European Psychoanalytical Federation
EUROPEAN PSYCHOANALYTICAL FEDERATION
The European Psychoanalytical Federation (EPF) is a scientific organization that consolidates all the European psychoanalytic societies affiliated with the International Psychoanalytic Association. In 2002 there were approximately 3,900 individual members in twenty-two countries, speaking eighteen different languages. It comprises twenty-five societies and three study groups (the Romanian Group, Belgrade Group, and Polish Group). A study group is the first level of integration of a psychoanalytic body within the International Psychoanalytic Association (IPA), followed by a provisional society and finally a member society.

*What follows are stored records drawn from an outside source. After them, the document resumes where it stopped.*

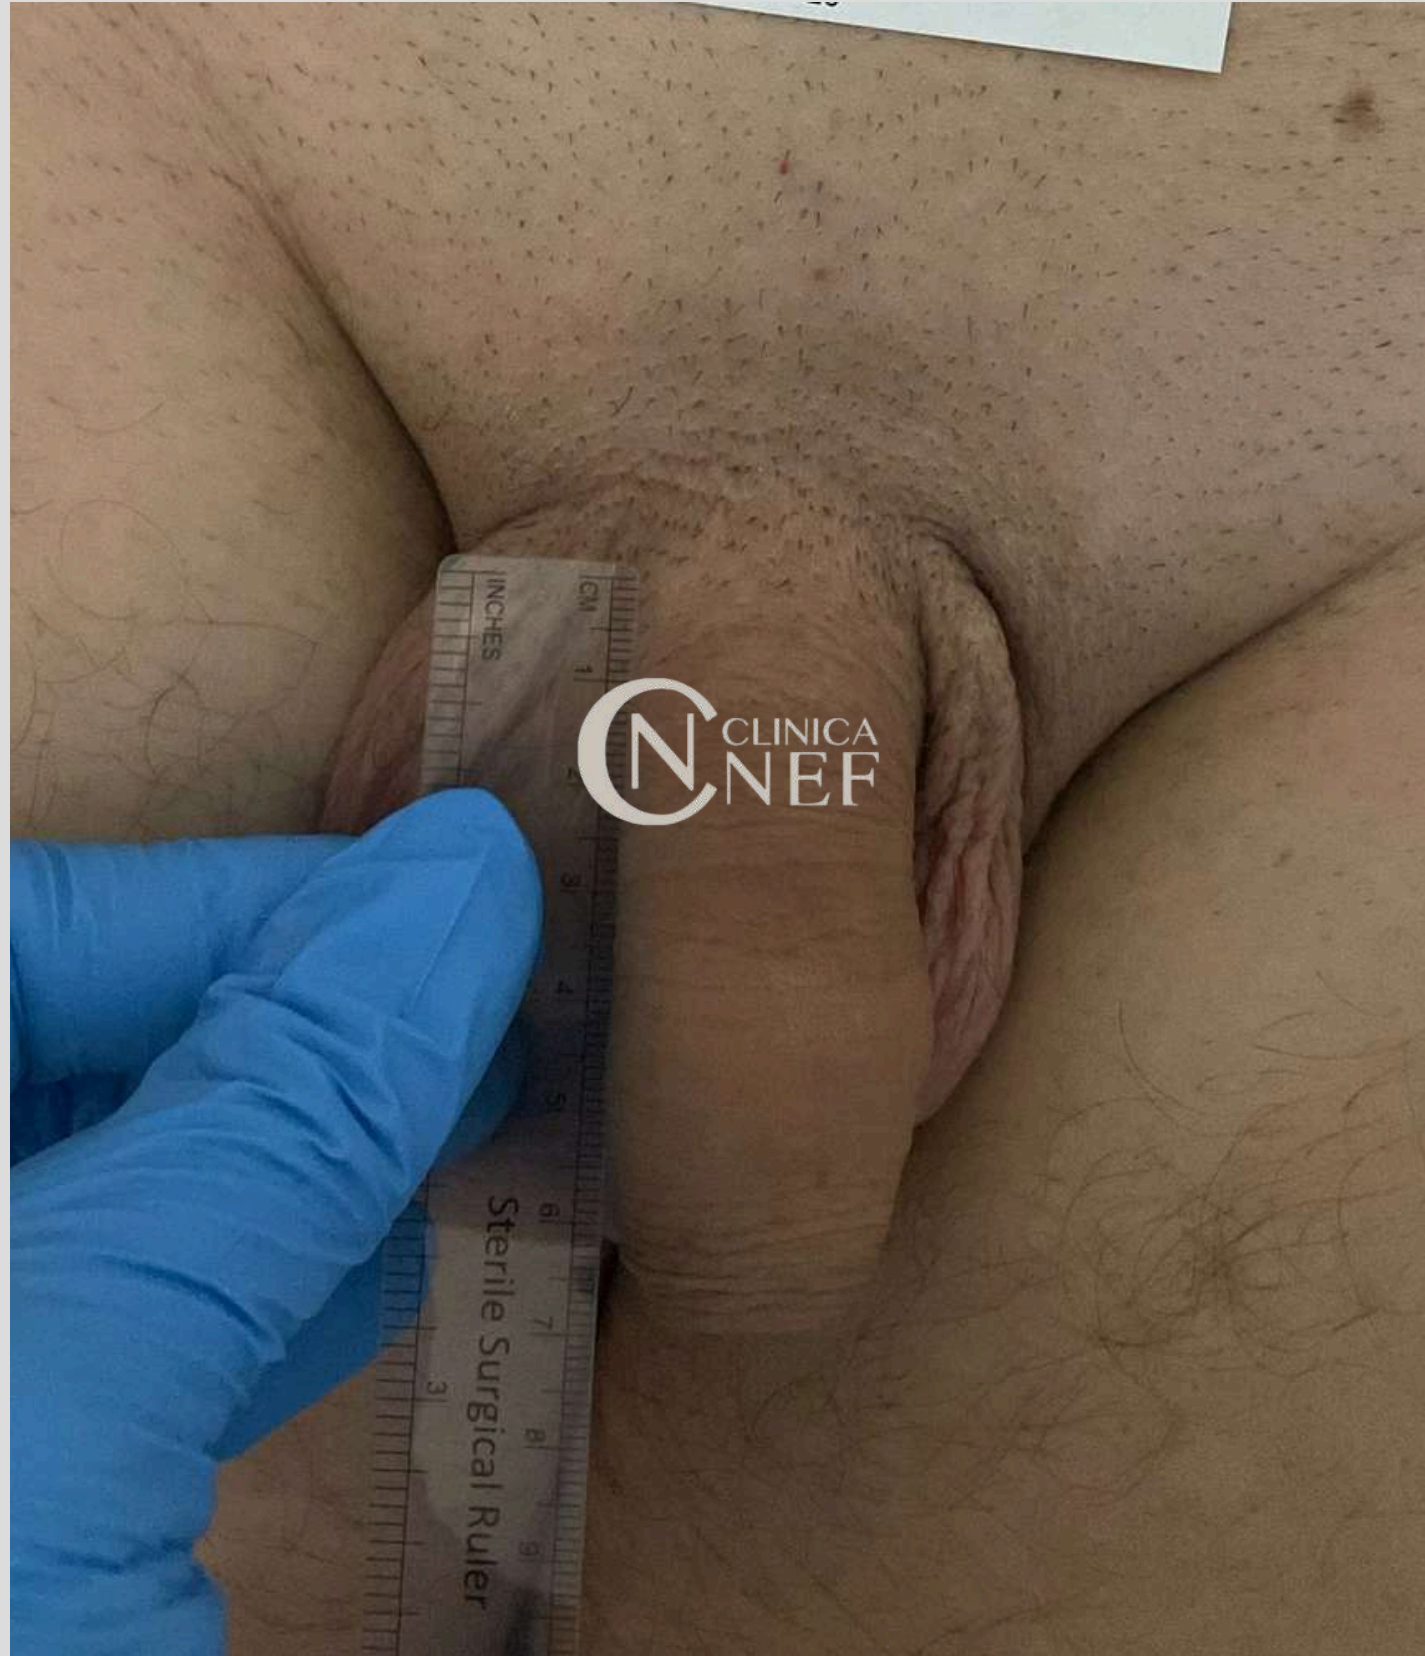

Fotos antes y después

DE NUESTRA CIRUGÍA DE
ALARGAMIENTO Y
ENGROSAMIENTO DE PENE

RESULTADOS TRAS 12
MESES OPERADOS

XIAOMI 13T PRO | LEICA

CLINICA
NEF

CLINICA
NEF

CLINICA
NEF

CLINICA
NEEF

The EPF was founded in 1966 by Raymond de Saussure, a well-known member of the Société suisse de psychanalyse (Swiss Society for Psychoanalysis), with Evelyne Kestemberg as secretary. The idea of a European psychoanalytic organization was first discussed at a series of European conferences on training, which had been organized every two years from 1960. The need for guidelines for psychoanalytic training in Europe contributed greatly to the creation of a European organization similar to the American Psychoanalytic Association, which had a unified training policy.
However, the European societies, concerned about their autonomy and independence in training matters, refused to accept this initial proposal and preferred the model of a federation of independent societies. The EPF is administered by an executive board, composed of an executive committee of seven members (president, president-elect, two vice presidents, secretary, treasurer, newsletter editor) and the presidents of the member societies and study groups.
The EPF has always served as a clearinghouse and forum for psychoanalytic societies in Europe. In this sense its function is essentially scientific, unlike the International Psychoanalytic Association, which also serves as a political entity in that it establishes common standards for training and practice for all member psychoanalysts.
In its bylaws, the EPF has set forth six major goals: to promote the development of psychoanalysis; to maintain and improve the standards for practice, training, and teaching; to promote psychoanalytic research and distribute information about the theory and practice of psychoanalysis; to improve communication among psychoanalysts by means of various publications, newsletters, scientific conferences, and other meetings; to create a discussion space for scientific fields related to psychoanalysis and other subjects of concern to psychoanalysts; to promote contacts between psychoanalysis and other disciplines.
Although initially the EPF limited itself to organizing an annual conference on training and to publishing an annual twenty-page bulletin, in 2004 it organized more than ten annual or biannual scientific gatherings: colloquia and conferences on training and on child and adolescent analysis, a large conference open to all members and candidates, a clinical seminar for members, a scientific symposium on a controversial theoretical issue, a seminar and summer university in Eastern Europe for Eastern Europeans, a clinical seminar for Europeans and North Americans. As of 2004, was the Bulletin de la Fédération européenne de psychanalyse (120 pages) is now (in 2004) published semiannually in the three official languages of the EPF (German, English, and French) and includes papers presented at the various conferences held throughout Europe. These papers reflect contemporary psychoanalytic dialogue and the problems encountered in the various European psychoanalytic societies.
At the beginning of the twenty-first century the EPF is at a point where it will have to define its role inside and outside the world of analysis. European psychoanalytic societies need to address a range of issues, including the professional status of the psychoanalyst (psychoanalyst or psychotherapist), the development of psychoanalysis in Eastern Europe, evaluation of the various methods of training, the difficulties associated with the many languages in Europe and the EPF's relation to diverse cultures and psychoanalytic traditions, and finally, the role of the EPF in light of the restructuring of the International Psychoanalytic Association, which, as an association of individual members, is evolving toward more adequate representation of the societies themselves. By providing a forum for discussing these issues, the EPF has agreed to promote a European psychoanalytic identity that allows for differences among European psychoanalysts while enabling them to focus on a limited number of scientific, ethical, and democratic values that reflect the Freudian tradition.